The most singular of these ruins is indubitably that known by the name of the Casa Grande of Moctecuhzoma, which rises about two miles from the muddy banks of the Rio Gila, in an uncultivated and uninhabited plain, on the skirt of the terrible sand desert known as the Del Norte. The site on which this house is built is flat on all sides. The ruins which once formed a city extend for more than three miles in a southern direction: and also in the other directions all the ground is covered with potsherds of every description. Many of these fragments are painted of various colours—white or blue, red or yellow—which, by the by, is an evident sign not only that this was an important city, but also that it was inhabited by Indians differing from those now prowling about this country, as the latter are completely ignorant of the art of making this pottery.

The house is a perfect square, turned to the four cardinal points. All around are walls, indicating an enceinte inclosing not only a house, but other buildings, traces of which are perfectly distinct; for a little to the rear is a building having a floor above, and divided into several parts. The edifice is built of earth, and, as far as can be seen, with mud walls; it had the stories above the ground, but the internal carpentry has long ago disappeared. The rooms, five in number on each floor, were only lighted, so far as we can judge from the remains, by the doors, and round holes made in the walls facing to the north and south. Through these openings the man Amer (el hombre Amargo, as the Indians call the Aztec sovereign) looked at the sun, on its rising and setting, to salute it.

A canal, now nearly dry, ran from the river and served to supply the city with water.

At the present day these ruins are gloomy and desolate: they are slowly crumbling away beneath the incessant efforts of the sun, whose burning rays calcine them, and they serve as a refuge to the hideous vultures and the urubus which have selected it as their domicile. The Indians carefully avoid these sinister stations, from which a superstitious terror, for which they cannot account, keeps them aloof.

Thus the Comanche, Sioux, Apache, or Pawnee warrior, whom the accidents of the chase, or any other fortuitous cause, had brought to the vicinity of this dangerous ruin on the night of the fourth or fifth day of the cherry moon—champasciasoni—that is to say, about a month after the events we described in the last chapter—would have fled at the top speed of his horse, a prey to the wildest terror, at the strange spectacle which would have presented itself to his awe-stricken gaze.

The old palace of the Aztec kings threw out its gigantic outline on the azure sky, studded with a brilliant belt of stars. From all the openings—round or square—formed by human agency or by time in its dilapidated walls poured floods of reddish light; while songs, shouts, and laughter incessantly rose from the ruined apartments, and troubled in their dens the wild beasts, surprised by these sounds, which disturbed in so unusual a manner the silence of the desert. In the ruins, beneath the pallid rays of the moon, might be distinguished the shadows of men and horses grouped round enormous braseros, while a dozen horsemen, well armed, and leaning on spears, stood motionless as bronze equestrian statues at the entrance of the house.

If within the ruins all was noise and light, outside all was shadow and silence.
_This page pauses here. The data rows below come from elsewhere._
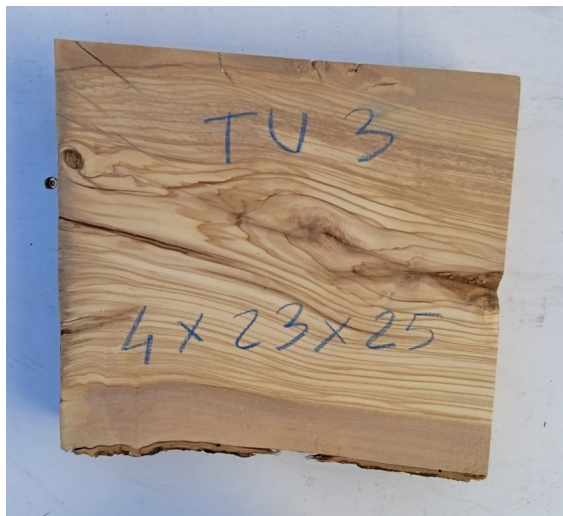

## Tavola legno di Ulivo Non Refilato Piallato mm 40 x 230 x 250

Tavola in legno di Ulivo piallato non refilato. Nelle foto al lato il pezzo oggetto di questa vendita, fotografato su entrambe le facce. Pezzo unico disponibile.

Di solito spedito in 3-5 giorni

[Fai una domanda su questo prodotto](#)

Descrizione

Tavola in legno massello di **Ulivo piallato**

Nelle foto al lato il pezzo oggetto di questa vendita, fotografato su entrambe le facce.

**Dimensioni:**

mm 40 x 230 x 250

**Pezzo unico disponibile**

Si precisa che la misurazione viene prelevata verso il centro della tavola mediando la larghezza di entrambi i lati.

Tolleranza sulle dimensioni come per legge.

**CARATTERISTICHE:**

**Descrizione generale:** durame di colore giallo bruno con striature più chiare e variegata anche di colore più scuro.

**Impieghi:** mobili massicci e impiallacciati, arredamento di banche e uffici come ad esempio mensole, piani tavolo e parquet, ma anche taglieri e orologi e altri oggetti d'intaglio, come strumenti musicali a fiato dato l'alto livello di risonanza acustica.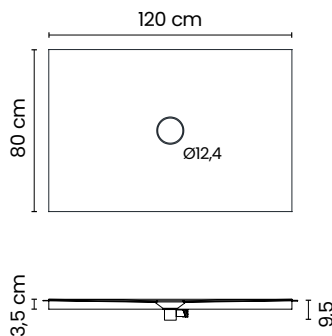

Fresh.80

Fresh.90

Fresh.80x120

Fresh.90x120

Piatto doccia da incassare a filo pavimento. In fase di installazione è necessario controllare l'opportuna altezza del massetto. Ogni piatto doccia è provvisto di scarico Inox SILFRA AD 200 e imballo in apposita cassa Fao. Fresh è realizzato con lastre di spessore 6 mm. | Flush-mounted shower tray. Ensure an adequate screed height during installation. Each shower tray has a stainless steel drain and comes in an ISPM 15 certified crate. Fresh is made with 6 mm thick slabs. | Receveur de douche à encastrer au ras du sol. Lors de l'installation, il est nécessaire de contrôler la hauteur requise pour la chape. Chaque receveur de douche est équipé d'une évacuation Inox SILFRA AD 200 et emballé dans une caisse spéciale Fao. Fresh est réalisé avec des dalles de 6 mm d'épaisseur. | Bodenbündig eingelassene Duschtasse. Die entsprechende Höhe des Estrichs muss bei der Installation überprüft werden. Jede Duschtasse ist mit einem Ablauf aus Edelstahl vom Typ SILFRA AD 200 ausgestattet und in einer entsprechenden Fao-Kiste verpackt. Fresh wird aus 6 mm dicken Platten hergestellt.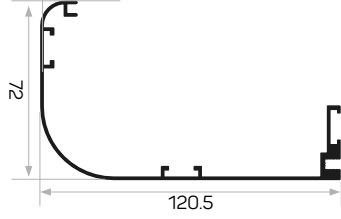

12-15'lik Duvar Kalınlığı Kullanılan Pervaz

12607

STOK ✓

Ağırlık / Weight 1.230 kg/m

Paket Adedi / Quantity in Pack 4

Mob. Kapı Kasası Köş. Pullu Kod AM00300-017

Mob. Kapı Kasası Köş. Kod AM00300-014

15-18'lik Duvar Kalınlığı Kullanılan Pervaz

The night slipped away: the moon had already traversed two thirds of her course; the badly tended braseros went out one after another; the old mansion alone continued to gleam through the darkness like an ill-omened lighthouse.

At this moment the sharp and regular sound of a horse trotting on the sand re-echoed in the distance. The sentinels stationed at the entrance of the house with difficulty raised their heads, oppressed by sleep and the vivid cold of the first morning hours, and looked in the direction whence the noise of footsteps was audible.

A horseman appeared at the corner of the road leading to the ruins. The stranger, paying but little heed to what he saw, continued to advance boldly toward the house. He passed the ruined wall, and on arriving within ten paces of the sentries, dismounted, threw the bridle on his horse's neck, and walked with a firm step toward the sentries, who awaited him silent and motionless. But when he was about two swords' lengths from the party all the lances were suddenly levelled at his breast, a hoarse voice shouted, "Halt!"